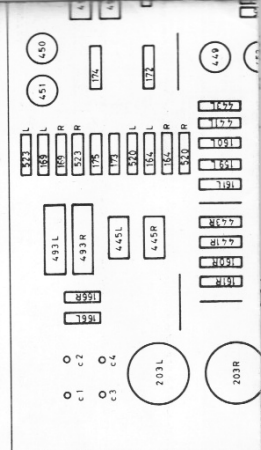

Top View

C29 Control Unit

Track side of C29

F14 A.M. aerial amplifier

L14 Stereo decoder

Drive Cord Replacement
Viewed from front of set (plan view)
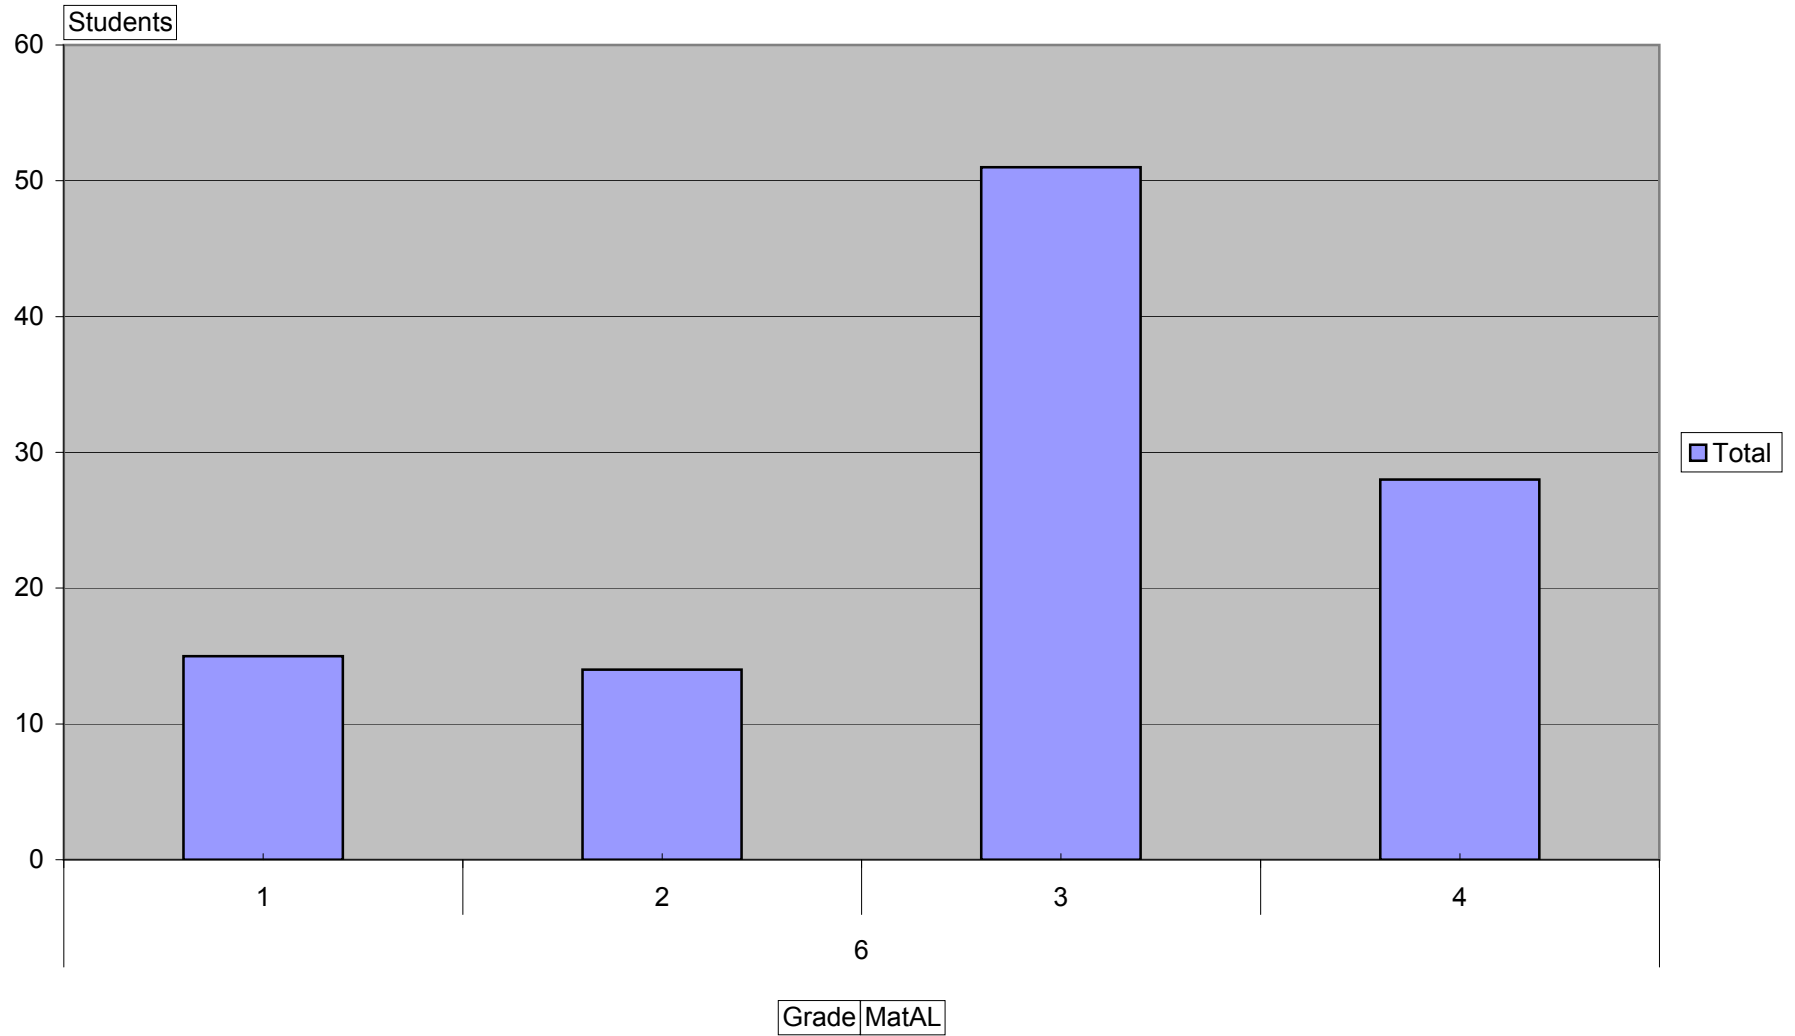

NECAP Results

BTMES - Math Achievement Level

School Code PS020

Total

NECAP Results

BTMES - Math Achievement Level

School Code PS020

NECAP Results
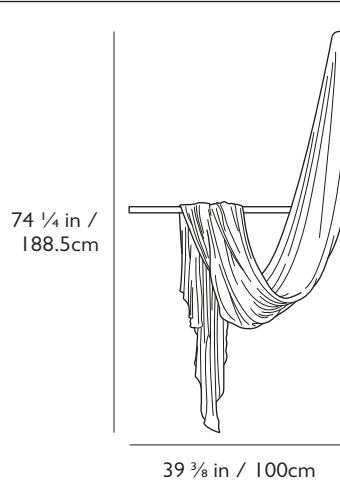

Requiem Globe Light

Requiem Ring Light

Requiem Tube Light

Requiem Sphere Light

| Name | Year of Design | |
|----------------------|----------------|----------|
| Requiem | 2022 | |
| Product Code | 110-130V | 220-240V |
| Requiem Globe Light | REQ0110 | REQ0010 |
| Requiem Ring Light | REQ0120 | REQ0020 |
| Requiem Tube Light | REQ0130 | REQ0030 |
| Requiem Sphere Light | REQ0140 | REQ0040 |

Materials & Finishes

Fabric, plaster and opal glass

Information

Sizes are approximate.

Limited edition.

Products made to order on application.

Certification

110-130V : UL, cULus
220-240V : CE, UKCA, CB
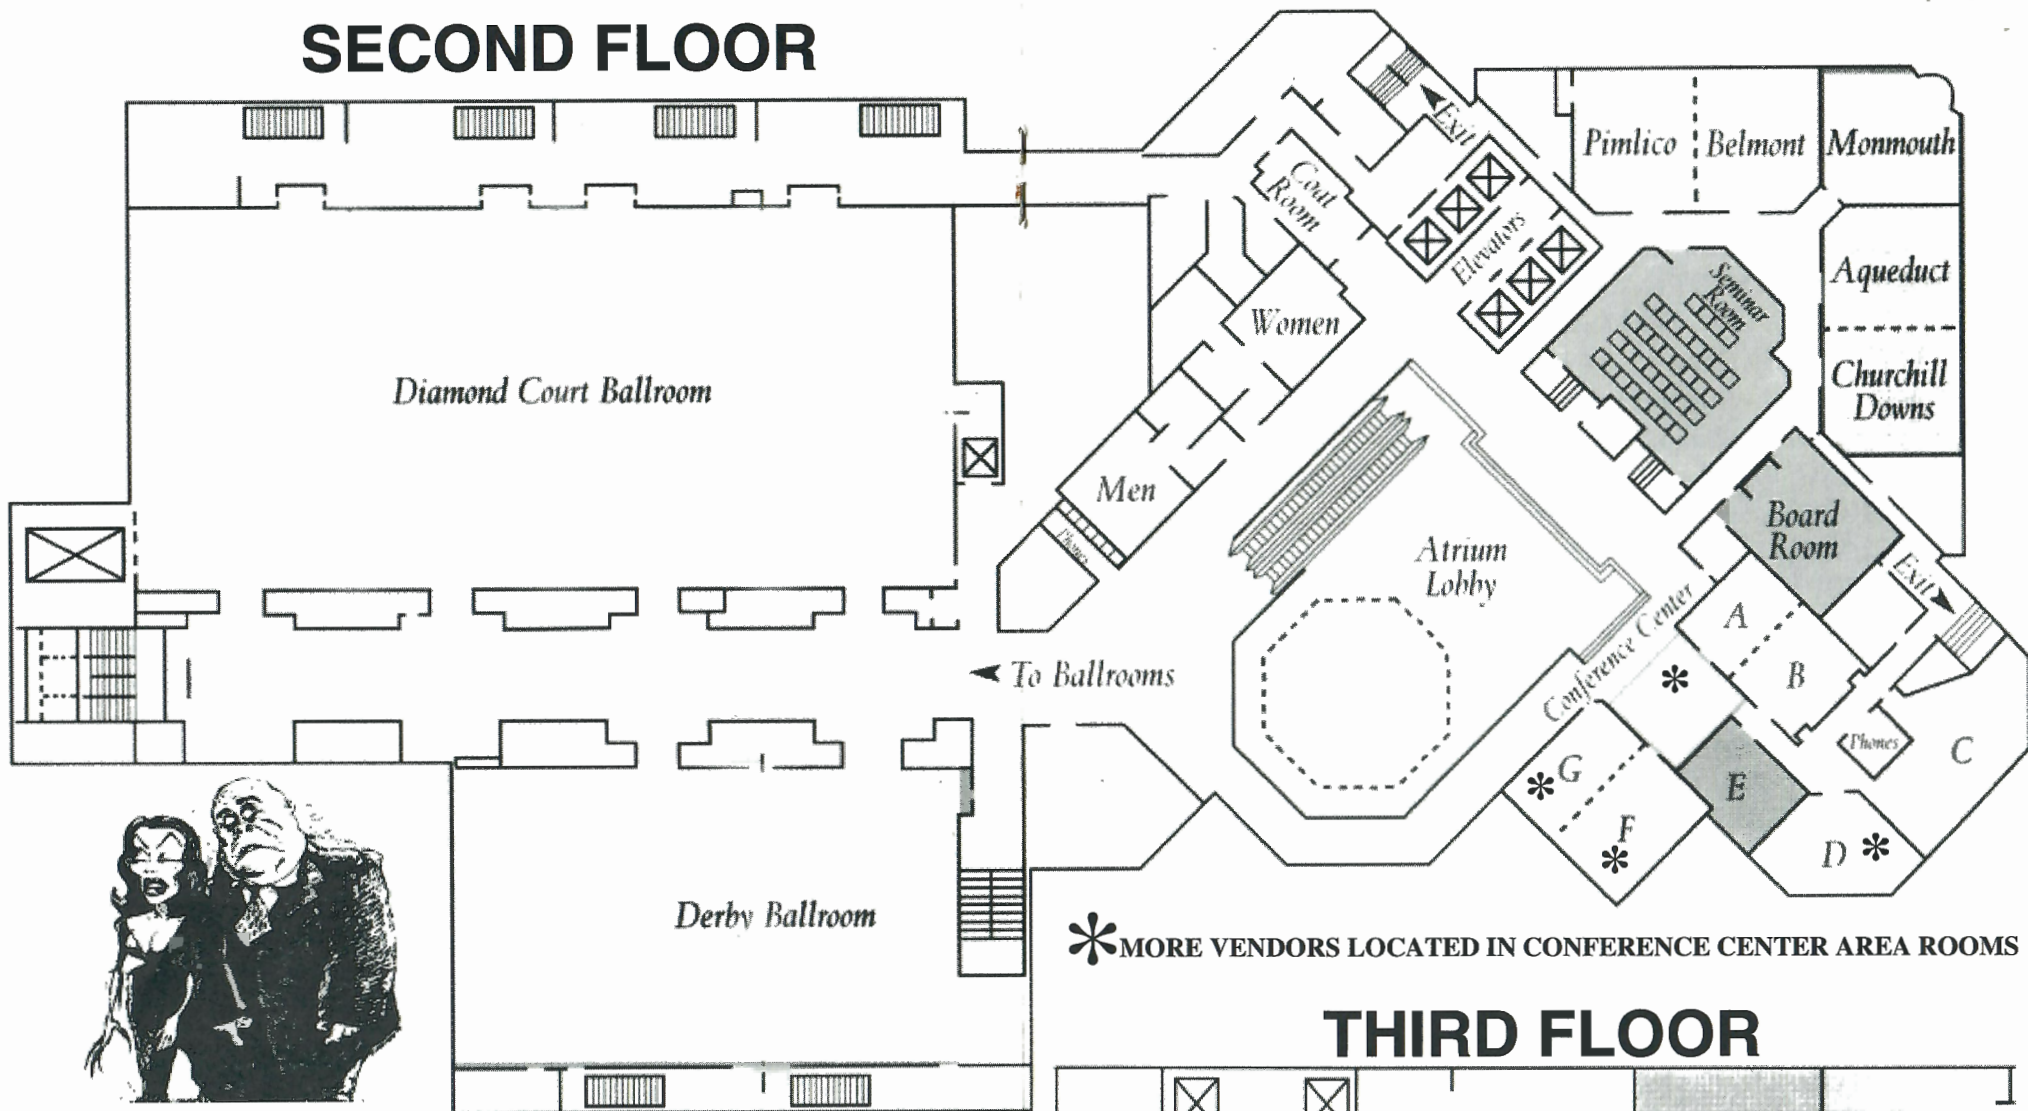

SECOND FLOOR

* MORE VENDORS LOCATED IN CONFERENCE CENTER AREA ROOMS
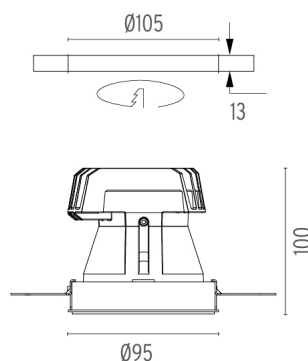

LIGHT SHOOTER HP FIXED NO TRIM DIMMABLE

Number of heads	1
Mounting	Ceiling recessed
Lamps description	Power LED 11W 1060 lm 3000K CRI 90
Luminaire luminous flux	Extreme Cut-off. See reference number
Voltage (V)	220/240
Environment	Indoor
Notes	LED: All the models include an accessory for IP54. Pre-installation frame included in No Trim versions.

OPTICAL

Aiming	Fixed
Light distribution symmetry	Symmetric
Beam angle	15° Spot

ELECTRICAL

Transformer availability	Included
Transformer mounting	Remote
Transformer type	Electronic, Electronic dimmable, Electronic dimmable I-10V, Electronic dimmable dali
Emergency	Without
Insulation class	Class II

PHYSICAL

Cutout diameter (mm)	105
Recessed depth (mm)	160
Construction material	Aluminium
Weight (kg)	0,45

designed by FLOS Architectural

High-performance embedded light fixture for LED light source. Remote 220-240V power supply included.

- 03.6574.40.ADA - 448lm White
- 03.6574.14.ADA - 448lm Black

CERTIFICATIONS
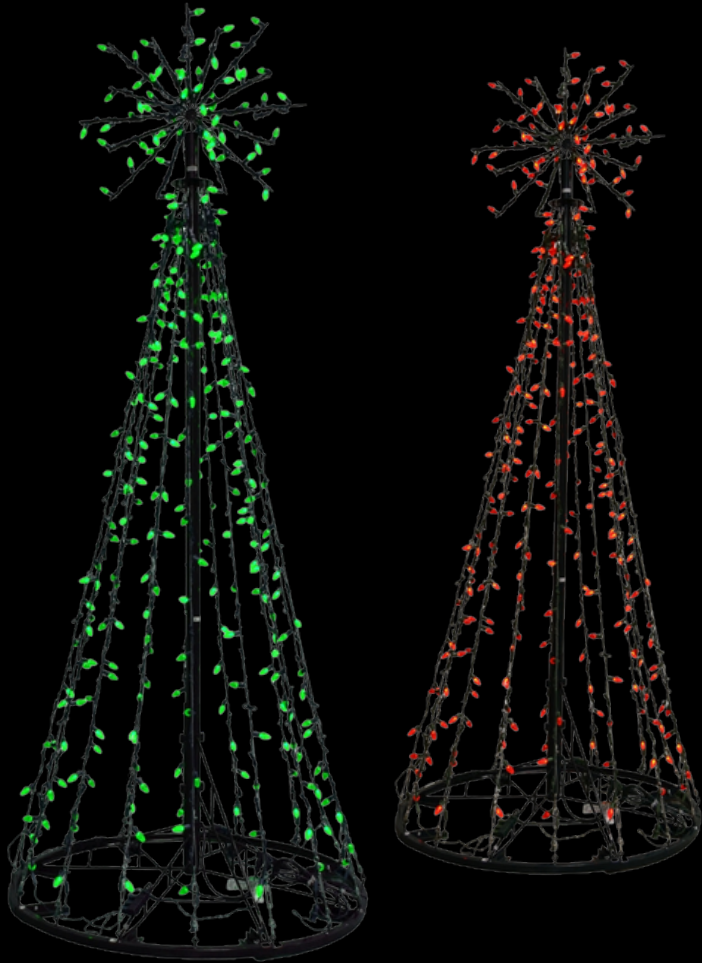

PURE WHITE TWINKLE

**AVAILABLE IN 5.5' & 6.5'
HEIGHTS**

TREES

Pop-up Tree Frame

We can create a custom tree of lights in any color using your favorite light set with our new Pop Up Tree Frames.

TREES

Tree of Lights

LED Tree of Lights

Trees of Lights are a great addition to any display. These trees are offered in both 12' and 15' options. Star on top completes the overall appearance of the tree. Perfect for large yards or on top of commercial roof tops.

------

● **EXERCISE BRIEF**:
Repeat the listing above word for word. Do not include the pictures.

● **SOLUTION TO THIS TASK**:
Top View

C29 Control Unit

Track side of C29

F14 A.M. aerial amplifier

L14 Stereo decoder

Drive Cord Replacement
Viewed from front of set (plan view)

NECAP Results

BTMES - Math Achievement Level

School Code PS020

Total

NECAP Results

BTMES - Math Achievement Level

School Code PS020

NECAP Results

Requiem Globe Light

Requiem Ring Light

Requiem Tube Light

Requiem Sphere Light

| Name | Year of Design | |
|----------------------|----------------|----------|
| Requiem | 2022 | |
| Product Code | 110-130V | 220-240V |
| Requiem Globe Light | REQ0110 | REQ0010 |
| Requiem Ring Light | REQ0120 | REQ0020 |
| Requiem Tube Light | REQ0130 | REQ0030 |
| Requiem Sphere Light | REQ0140 | REQ0040 |

Materials & Finishes

Fabric, plaster and opal glass

Information

Sizes are approximate.

Limited edition.

Products made to order on application.

Certification

110-130V : UL, cULus
220-240V : CE, UKCA, CB

SECOND FLOOR

* MORE VENDORS LOCATED IN CONFERENCE CENTER AREA ROOMS

LIGHT SHOOTER HP FIXED NO TRIM DIMMABLE

Number of heads	1
Mounting	Ceiling recessed
Lamps description	Power LED 11W 1060 lm 3000K CRI 90
Luminaire luminous flux	Extreme Cut-off. See reference number
Voltage (V)	220/240
Environment	Indoor
Notes	LED: All the models include an accessory for IP54. Pre-installation frame included in No Trim versions.

OPTICAL

Aiming	Fixed
Light distribution symmetry	Symmetric
Beam angle	15° Spot

ELECTRICAL

Transformer availability	Included
Transformer mounting	Remote
Transformer type	Electronic, Electronic dimmable, Electronic dimmable I-10V, Electronic dimmable dali
Emergency	Without
Insulation class	Class II

PHYSICAL

Cutout diameter (mm)	105
Recessed depth (mm)	160
Construction material	Aluminium
Weight (kg)	0,45

designed by FLOS Architectural

High-performance embedded light fixture for LED light source. Remote 220-240V power supply included.

- 03.6574.40.ADA - 448lm White
- 03.6574.14.ADA - 448lm Black

CERTIFICATIONS

PURE WHITE TWINKLE

**AVAILABLE IN 5.5' & 6.5'
HEIGHTS**

TREES

Pop-up Tree Frame

We can create a custom tree of lights in any color using your favorite light set with our new Pop Up Tree Frames.

TREES

Tree of Lights

LED Tree of Lights

Trees of Lights are a great addition to any display. These trees are offered in both 12' and 15' options. Star on top completes the overall appearance of the tree. Perfect for large yards or on top of commercial roof tops.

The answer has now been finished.